* [Task details]:
Your answer should be a single number: the count of lines in the listing that contain "Roulement".

⟨

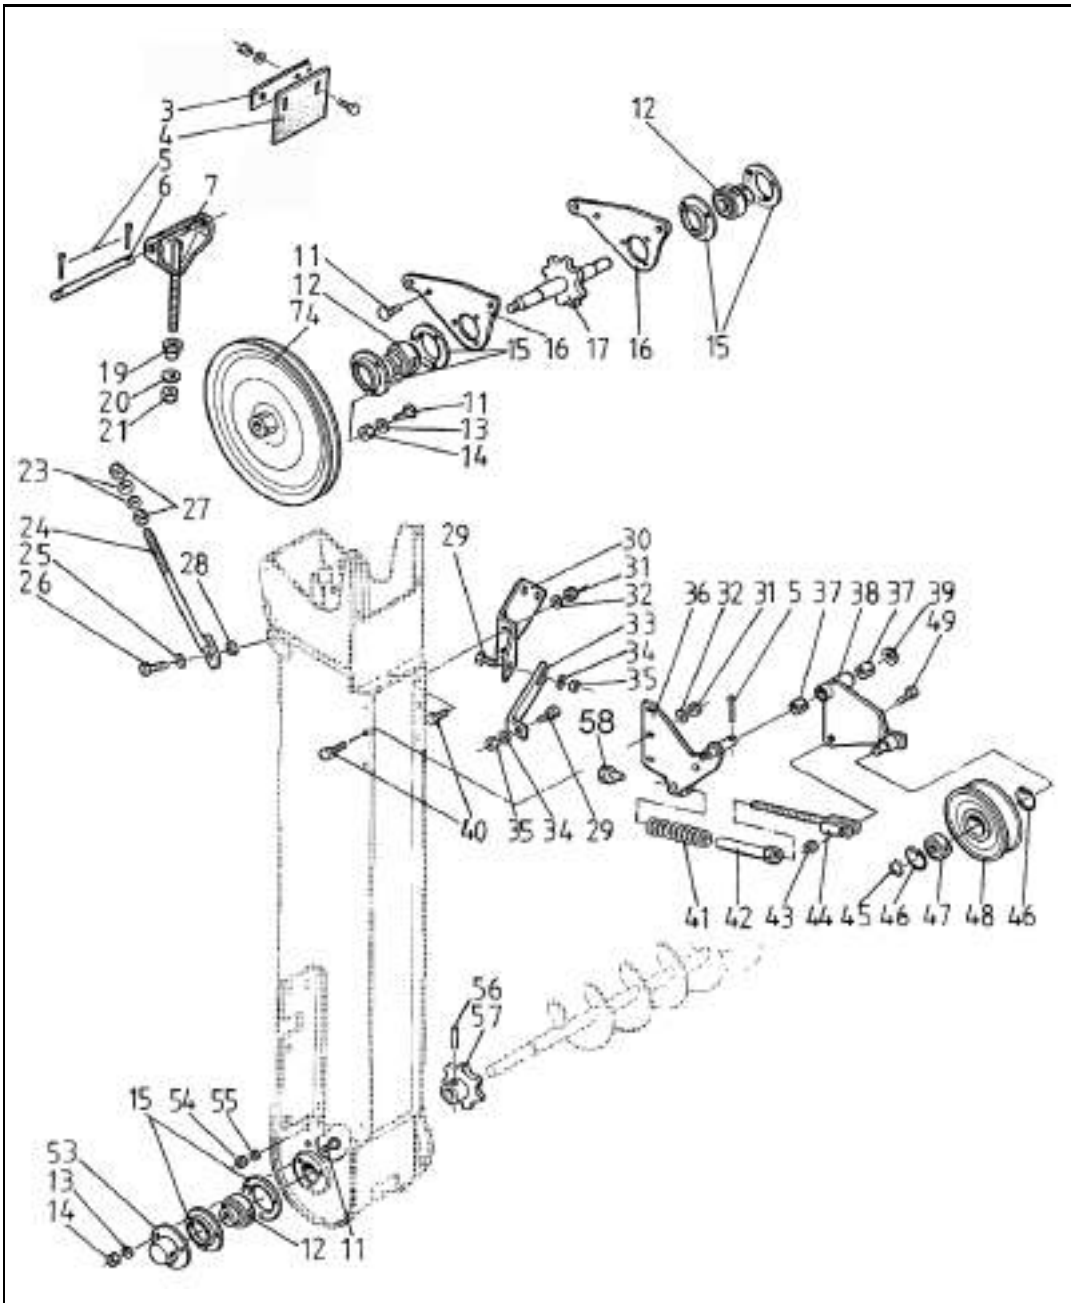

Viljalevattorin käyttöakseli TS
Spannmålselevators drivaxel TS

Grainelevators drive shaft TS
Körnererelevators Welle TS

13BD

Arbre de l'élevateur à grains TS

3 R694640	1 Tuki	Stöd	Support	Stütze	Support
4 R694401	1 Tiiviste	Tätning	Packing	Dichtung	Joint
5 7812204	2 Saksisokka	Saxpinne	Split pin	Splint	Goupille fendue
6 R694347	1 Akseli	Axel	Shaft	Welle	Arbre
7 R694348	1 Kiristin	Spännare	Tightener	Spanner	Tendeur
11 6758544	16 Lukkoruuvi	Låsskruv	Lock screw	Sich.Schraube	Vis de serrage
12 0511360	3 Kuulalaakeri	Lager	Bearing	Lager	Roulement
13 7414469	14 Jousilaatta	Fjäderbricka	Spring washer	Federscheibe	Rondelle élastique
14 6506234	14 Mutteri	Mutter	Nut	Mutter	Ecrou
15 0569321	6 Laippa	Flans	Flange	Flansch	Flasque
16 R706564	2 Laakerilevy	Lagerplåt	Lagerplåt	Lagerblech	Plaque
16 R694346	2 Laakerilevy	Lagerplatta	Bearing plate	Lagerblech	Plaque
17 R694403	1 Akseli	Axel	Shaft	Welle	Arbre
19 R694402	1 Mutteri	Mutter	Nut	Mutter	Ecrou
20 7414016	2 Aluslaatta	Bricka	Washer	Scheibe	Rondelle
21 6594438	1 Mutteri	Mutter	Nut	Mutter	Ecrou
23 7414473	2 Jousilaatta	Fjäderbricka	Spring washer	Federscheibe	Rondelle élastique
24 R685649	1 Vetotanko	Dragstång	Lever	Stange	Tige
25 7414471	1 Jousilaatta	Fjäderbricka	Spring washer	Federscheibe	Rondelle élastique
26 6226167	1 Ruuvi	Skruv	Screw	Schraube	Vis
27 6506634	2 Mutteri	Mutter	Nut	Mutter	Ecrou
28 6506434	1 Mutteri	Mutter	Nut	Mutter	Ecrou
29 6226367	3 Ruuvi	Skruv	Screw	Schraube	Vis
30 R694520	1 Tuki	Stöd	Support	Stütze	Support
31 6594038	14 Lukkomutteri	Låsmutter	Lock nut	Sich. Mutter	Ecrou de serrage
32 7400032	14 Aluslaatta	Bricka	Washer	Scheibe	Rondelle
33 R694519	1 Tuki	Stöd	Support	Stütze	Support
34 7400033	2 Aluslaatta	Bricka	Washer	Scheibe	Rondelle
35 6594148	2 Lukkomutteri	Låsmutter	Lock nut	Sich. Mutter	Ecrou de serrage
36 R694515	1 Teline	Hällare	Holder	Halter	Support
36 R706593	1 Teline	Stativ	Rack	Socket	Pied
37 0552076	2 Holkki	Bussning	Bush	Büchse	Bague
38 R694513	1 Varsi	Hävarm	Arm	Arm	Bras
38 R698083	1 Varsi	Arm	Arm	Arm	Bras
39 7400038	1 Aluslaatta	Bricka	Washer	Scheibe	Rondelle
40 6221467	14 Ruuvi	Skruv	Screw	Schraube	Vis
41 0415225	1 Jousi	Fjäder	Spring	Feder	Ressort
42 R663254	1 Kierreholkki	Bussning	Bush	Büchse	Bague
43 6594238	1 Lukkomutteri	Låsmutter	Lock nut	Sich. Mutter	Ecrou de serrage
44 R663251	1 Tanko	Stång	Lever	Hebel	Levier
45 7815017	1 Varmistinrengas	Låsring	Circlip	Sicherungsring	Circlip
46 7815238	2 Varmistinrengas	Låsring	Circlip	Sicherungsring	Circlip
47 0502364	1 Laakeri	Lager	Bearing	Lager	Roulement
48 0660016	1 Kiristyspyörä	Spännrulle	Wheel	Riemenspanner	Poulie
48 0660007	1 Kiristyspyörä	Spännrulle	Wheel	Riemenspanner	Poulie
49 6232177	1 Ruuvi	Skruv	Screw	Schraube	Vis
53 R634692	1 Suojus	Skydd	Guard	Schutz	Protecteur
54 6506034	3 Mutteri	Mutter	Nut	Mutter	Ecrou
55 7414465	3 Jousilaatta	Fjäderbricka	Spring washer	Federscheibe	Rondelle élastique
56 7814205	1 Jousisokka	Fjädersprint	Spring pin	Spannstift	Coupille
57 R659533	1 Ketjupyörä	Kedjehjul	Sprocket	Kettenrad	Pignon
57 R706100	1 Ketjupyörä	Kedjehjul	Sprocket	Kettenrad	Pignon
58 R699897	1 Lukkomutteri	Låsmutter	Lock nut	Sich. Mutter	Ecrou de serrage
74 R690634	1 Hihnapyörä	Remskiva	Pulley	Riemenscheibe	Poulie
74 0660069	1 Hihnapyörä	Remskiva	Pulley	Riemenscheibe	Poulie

⟩
⟨

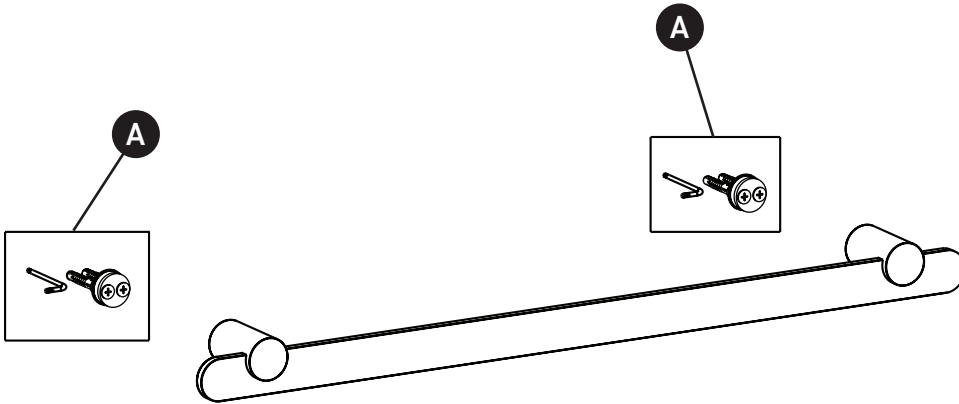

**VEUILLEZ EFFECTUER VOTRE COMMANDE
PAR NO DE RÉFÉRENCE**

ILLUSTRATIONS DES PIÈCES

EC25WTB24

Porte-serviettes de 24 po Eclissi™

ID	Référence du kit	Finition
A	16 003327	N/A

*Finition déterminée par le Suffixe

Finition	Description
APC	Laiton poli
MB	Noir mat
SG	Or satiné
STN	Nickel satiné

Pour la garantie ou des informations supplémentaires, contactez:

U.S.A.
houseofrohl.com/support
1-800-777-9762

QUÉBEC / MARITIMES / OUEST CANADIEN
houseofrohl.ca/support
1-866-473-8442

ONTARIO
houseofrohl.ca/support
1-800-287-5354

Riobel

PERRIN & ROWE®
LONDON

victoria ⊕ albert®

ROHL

⟩

* [Task answer]:
2